WHAT IS REQUIRED = Write out each line of the entries exactly, starting at the first and finishing with the line that contains "Заклеить технические отверстия заглушками.".

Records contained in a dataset
⁂
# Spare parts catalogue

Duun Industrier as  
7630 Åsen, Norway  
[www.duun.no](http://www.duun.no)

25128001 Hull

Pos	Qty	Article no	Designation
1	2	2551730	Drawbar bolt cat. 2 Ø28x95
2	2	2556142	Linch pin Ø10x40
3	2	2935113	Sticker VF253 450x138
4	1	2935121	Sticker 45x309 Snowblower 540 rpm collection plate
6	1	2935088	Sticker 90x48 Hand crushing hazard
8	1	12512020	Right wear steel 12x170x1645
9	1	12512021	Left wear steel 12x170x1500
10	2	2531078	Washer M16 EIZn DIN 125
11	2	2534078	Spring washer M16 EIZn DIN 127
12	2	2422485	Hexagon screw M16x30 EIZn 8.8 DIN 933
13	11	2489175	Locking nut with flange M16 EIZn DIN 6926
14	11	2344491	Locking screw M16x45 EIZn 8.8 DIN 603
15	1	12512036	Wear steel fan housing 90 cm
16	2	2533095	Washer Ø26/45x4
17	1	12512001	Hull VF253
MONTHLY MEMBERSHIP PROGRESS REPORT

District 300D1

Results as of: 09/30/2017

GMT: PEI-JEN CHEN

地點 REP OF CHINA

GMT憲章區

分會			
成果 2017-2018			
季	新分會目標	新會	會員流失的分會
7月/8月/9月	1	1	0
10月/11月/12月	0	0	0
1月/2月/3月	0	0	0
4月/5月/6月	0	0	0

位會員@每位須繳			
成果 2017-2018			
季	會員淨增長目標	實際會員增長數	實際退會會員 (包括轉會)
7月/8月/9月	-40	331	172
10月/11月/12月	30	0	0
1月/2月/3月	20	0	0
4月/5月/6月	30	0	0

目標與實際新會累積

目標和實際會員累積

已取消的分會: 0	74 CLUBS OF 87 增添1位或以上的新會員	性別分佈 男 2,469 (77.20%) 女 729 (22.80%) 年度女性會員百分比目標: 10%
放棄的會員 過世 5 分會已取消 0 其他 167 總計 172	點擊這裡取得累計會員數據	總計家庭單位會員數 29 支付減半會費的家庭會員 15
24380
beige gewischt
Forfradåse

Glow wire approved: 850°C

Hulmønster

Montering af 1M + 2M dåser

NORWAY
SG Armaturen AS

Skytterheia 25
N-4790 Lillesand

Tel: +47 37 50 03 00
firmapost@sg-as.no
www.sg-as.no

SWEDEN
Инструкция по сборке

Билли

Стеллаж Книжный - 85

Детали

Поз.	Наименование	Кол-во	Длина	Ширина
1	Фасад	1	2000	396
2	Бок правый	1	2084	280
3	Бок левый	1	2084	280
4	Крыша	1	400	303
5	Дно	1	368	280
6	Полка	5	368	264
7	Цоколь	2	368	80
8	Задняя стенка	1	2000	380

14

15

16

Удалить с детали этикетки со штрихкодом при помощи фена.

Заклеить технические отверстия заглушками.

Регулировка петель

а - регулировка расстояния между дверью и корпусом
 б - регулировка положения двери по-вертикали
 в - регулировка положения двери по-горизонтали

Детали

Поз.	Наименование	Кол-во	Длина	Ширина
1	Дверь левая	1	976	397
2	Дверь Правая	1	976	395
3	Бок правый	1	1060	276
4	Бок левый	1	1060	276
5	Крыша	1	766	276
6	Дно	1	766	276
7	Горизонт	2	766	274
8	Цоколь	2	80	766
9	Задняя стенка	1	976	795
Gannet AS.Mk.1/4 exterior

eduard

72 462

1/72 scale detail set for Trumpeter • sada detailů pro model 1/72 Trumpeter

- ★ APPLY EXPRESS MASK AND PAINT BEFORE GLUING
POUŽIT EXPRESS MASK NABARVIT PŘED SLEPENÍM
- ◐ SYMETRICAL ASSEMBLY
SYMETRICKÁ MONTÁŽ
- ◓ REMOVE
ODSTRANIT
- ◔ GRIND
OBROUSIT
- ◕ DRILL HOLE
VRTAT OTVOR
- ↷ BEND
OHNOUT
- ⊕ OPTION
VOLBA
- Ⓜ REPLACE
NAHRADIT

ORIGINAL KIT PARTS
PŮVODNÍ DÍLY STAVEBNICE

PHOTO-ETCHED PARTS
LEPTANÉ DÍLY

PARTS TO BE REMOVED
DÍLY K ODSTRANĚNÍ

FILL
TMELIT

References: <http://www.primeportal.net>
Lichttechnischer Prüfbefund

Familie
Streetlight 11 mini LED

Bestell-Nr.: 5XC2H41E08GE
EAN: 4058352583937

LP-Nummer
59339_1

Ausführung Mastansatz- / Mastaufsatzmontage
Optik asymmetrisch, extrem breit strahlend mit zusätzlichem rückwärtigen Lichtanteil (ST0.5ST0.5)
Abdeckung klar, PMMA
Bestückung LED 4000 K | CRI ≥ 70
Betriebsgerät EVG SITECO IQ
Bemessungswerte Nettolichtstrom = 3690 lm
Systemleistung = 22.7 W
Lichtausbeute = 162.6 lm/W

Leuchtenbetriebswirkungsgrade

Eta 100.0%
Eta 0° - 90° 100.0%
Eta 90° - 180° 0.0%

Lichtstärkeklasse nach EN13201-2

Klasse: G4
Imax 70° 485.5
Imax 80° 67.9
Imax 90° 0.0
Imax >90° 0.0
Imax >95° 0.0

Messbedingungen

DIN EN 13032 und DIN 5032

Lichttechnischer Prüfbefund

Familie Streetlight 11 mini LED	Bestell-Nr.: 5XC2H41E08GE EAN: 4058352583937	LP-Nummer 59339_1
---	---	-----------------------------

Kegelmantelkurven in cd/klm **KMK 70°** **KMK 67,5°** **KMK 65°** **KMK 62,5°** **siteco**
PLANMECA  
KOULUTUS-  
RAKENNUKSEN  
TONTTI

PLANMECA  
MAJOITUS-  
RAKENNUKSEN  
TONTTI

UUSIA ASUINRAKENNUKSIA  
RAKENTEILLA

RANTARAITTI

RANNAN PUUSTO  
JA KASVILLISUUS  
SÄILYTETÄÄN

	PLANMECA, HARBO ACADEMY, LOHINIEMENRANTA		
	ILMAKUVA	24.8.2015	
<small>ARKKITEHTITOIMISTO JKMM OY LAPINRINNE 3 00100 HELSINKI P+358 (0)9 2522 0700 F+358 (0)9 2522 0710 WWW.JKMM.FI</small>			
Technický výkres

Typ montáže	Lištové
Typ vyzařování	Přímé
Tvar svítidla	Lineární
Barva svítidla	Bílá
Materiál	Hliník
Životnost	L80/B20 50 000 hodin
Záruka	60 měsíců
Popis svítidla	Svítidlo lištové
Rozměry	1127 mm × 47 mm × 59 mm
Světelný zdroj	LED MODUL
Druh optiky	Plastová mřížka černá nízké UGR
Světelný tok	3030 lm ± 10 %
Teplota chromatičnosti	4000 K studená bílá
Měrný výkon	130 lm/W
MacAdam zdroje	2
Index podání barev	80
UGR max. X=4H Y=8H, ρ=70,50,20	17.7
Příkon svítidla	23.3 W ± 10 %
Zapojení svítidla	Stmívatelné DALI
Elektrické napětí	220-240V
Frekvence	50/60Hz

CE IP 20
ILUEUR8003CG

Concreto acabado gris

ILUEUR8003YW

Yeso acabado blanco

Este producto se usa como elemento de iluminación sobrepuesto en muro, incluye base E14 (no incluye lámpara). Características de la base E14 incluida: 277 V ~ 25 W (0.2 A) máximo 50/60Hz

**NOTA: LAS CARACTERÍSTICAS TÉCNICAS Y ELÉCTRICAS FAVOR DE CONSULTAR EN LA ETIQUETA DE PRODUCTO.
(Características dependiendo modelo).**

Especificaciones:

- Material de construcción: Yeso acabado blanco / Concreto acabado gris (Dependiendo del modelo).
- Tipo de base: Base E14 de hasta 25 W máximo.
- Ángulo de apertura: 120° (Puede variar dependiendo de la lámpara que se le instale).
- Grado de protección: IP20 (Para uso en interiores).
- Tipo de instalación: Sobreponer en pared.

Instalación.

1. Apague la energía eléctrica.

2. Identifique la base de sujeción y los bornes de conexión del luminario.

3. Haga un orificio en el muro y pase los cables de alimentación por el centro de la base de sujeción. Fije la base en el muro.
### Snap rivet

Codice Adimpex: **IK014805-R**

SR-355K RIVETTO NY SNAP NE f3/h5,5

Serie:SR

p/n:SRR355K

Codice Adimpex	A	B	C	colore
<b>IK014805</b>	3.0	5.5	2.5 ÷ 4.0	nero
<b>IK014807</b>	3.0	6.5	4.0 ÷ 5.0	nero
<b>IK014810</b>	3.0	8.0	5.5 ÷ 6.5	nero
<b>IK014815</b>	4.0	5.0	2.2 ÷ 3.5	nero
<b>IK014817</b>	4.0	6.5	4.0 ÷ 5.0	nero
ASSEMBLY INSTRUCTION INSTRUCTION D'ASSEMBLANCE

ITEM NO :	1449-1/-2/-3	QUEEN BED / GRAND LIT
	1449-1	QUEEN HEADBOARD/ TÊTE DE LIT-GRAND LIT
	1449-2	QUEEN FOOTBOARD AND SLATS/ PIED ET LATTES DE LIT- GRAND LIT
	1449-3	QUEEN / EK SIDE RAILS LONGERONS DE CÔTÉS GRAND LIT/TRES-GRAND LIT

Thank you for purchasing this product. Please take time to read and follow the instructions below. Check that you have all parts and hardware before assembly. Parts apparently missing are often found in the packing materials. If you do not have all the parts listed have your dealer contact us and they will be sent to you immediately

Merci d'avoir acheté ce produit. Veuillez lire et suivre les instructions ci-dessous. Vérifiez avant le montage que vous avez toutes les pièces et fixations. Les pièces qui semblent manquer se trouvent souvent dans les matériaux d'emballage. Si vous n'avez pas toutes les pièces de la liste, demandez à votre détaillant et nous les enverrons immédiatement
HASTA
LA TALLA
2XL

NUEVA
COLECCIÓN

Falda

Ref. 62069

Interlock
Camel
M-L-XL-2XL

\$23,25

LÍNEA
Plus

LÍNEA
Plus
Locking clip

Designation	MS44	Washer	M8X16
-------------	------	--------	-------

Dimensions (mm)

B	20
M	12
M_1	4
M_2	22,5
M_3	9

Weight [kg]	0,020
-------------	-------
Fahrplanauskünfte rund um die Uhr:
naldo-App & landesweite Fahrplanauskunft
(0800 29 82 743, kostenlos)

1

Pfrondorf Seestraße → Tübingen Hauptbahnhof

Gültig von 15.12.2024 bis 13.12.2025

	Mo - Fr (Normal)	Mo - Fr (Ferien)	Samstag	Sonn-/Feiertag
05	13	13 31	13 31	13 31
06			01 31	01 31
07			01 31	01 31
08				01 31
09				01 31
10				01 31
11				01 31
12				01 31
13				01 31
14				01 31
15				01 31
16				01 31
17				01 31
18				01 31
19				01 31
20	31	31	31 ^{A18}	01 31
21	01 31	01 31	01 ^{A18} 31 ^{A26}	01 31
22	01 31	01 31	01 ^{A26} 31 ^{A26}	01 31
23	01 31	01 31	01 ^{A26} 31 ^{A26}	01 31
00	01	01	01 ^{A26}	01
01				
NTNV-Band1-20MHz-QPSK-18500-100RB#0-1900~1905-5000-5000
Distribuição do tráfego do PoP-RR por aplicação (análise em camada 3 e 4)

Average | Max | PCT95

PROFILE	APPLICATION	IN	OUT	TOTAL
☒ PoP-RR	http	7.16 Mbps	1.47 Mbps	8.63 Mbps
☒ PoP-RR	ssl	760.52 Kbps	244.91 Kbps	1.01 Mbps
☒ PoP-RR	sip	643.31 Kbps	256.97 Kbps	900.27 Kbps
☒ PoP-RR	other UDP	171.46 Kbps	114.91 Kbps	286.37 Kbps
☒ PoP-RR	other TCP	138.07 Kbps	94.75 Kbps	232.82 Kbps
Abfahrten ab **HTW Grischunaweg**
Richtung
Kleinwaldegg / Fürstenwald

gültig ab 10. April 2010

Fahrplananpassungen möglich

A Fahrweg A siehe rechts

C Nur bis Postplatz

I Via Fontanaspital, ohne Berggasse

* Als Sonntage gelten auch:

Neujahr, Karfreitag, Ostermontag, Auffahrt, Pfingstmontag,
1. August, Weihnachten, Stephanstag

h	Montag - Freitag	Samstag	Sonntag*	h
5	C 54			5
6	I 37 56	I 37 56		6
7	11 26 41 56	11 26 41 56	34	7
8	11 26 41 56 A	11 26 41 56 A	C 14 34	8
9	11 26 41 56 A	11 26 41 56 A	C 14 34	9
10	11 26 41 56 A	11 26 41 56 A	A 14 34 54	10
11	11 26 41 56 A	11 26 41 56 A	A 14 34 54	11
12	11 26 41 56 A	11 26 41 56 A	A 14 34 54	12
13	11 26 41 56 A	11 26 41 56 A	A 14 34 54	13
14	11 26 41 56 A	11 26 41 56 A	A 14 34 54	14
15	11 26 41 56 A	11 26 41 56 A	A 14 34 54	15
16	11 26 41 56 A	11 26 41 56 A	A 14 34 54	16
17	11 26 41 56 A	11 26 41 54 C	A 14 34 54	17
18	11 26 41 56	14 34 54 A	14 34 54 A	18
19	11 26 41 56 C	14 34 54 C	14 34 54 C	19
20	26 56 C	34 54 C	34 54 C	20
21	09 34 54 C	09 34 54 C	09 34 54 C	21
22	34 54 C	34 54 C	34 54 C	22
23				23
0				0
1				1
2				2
⁂
TASK RESULT =
# Spare parts catalogue

Duun Industrier as  
7630 Åsen, Norway  
[www.duun.no](http://www.duun.no)

25128001 Hull

Pos	Qty	Article no	Designation
1	2	2551730	Drawbar bolt cat. 2 Ø28x95
2	2	2556142	Linch pin Ø10x40
3	2	2935113	Sticker VF253 450x138
4	1	2935121	Sticker 45x309 Snowblower 540 rpm collection plate
6	1	2935088	Sticker 90x48 Hand crushing hazard
8	1	12512020	Right wear steel 12x170x1645
9	1	12512021	Left wear steel 12x170x1500
10	2	2531078	Washer M16 EIZn DIN 125
11	2	2534078	Spring washer M16 EIZn DIN 127
12	2	2422485	Hexagon screw M16x30 EIZn 8.8 DIN 933
13	11	2489175	Locking nut with flange M16 EIZn DIN 6926
14	11	2344491	Locking screw M16x45 EIZn 8.8 DIN 603
15	1	12512036	Wear steel fan housing 90 cm
16	2	2533095	Washer Ø26/45x4
17	1	12512001	Hull VF253
MONTHLY MEMBERSHIP PROGRESS REPORT

District 300D1

Results as of: 09/30/2017

GMT: PEI-JEN CHEN

地點 REP OF CHINA

GMT憲章區

分會			
成果 2017-2018			
季	新分會目標	新會	會員流失的分會
7月/8月/9月	1	1	0
10月/11月/12月	0	0	0
1月/2月/3月	0	0	0
4月/5月/6月	0	0	0

位會員@每位須繳			
成果 2017-2018			
季	會員淨增長目標	實際會員增長數	實際退會會員 (包括轉會)
7月/8月/9月	-40	331	172
10月/11月/12月	30	0	0
1月/2月/3月	20	0	0
4月/5月/6月	30	0	0

目標與實際新會累積

目標和實際會員累積

已取消的分會: 0	74 CLUBS OF 87 增添1位或以上的新會員	性別分佈 男 2,469 (77.20%) 女 729 (22.80%) 年度女性會員百分比目標: 10%
放棄的會員 過世 5 分會已取消 0 其他 167 總計 172	點擊這裡取得累計會員數據	總計家庭單位會員數 29 支付減半會費的家庭會員 15
24380
beige gewischt
Forfradåse

Glow wire approved: 850°C

Hulmønster

Montering af 1M + 2M dåser

NORWAY
SG Armaturen AS

Skytterheia 25
N-4790 Lillesand

Tel: +47 37 50 03 00
firmapost@sg-as.no
www.sg-as.no

SWEDEN
Инструкция по сборке

Билли

Стеллаж Книжный - 85

Детали

Поз.	Наименование	Кол-во	Длина	Ширина
1	Фасад	1	2000	396
2	Бок правый	1	2084	280
3	Бок левый	1	2084	280
4	Крыша	1	400	303
5	Дно	1	368	280
6	Полка	5	368	264
7	Цоколь	2	368	80
8	Задняя стенка	1	2000	380

14

15

16

Удалить с детали этикетки со штрихкодом при помощи фена.

Заклеить технические отверстия заглушками.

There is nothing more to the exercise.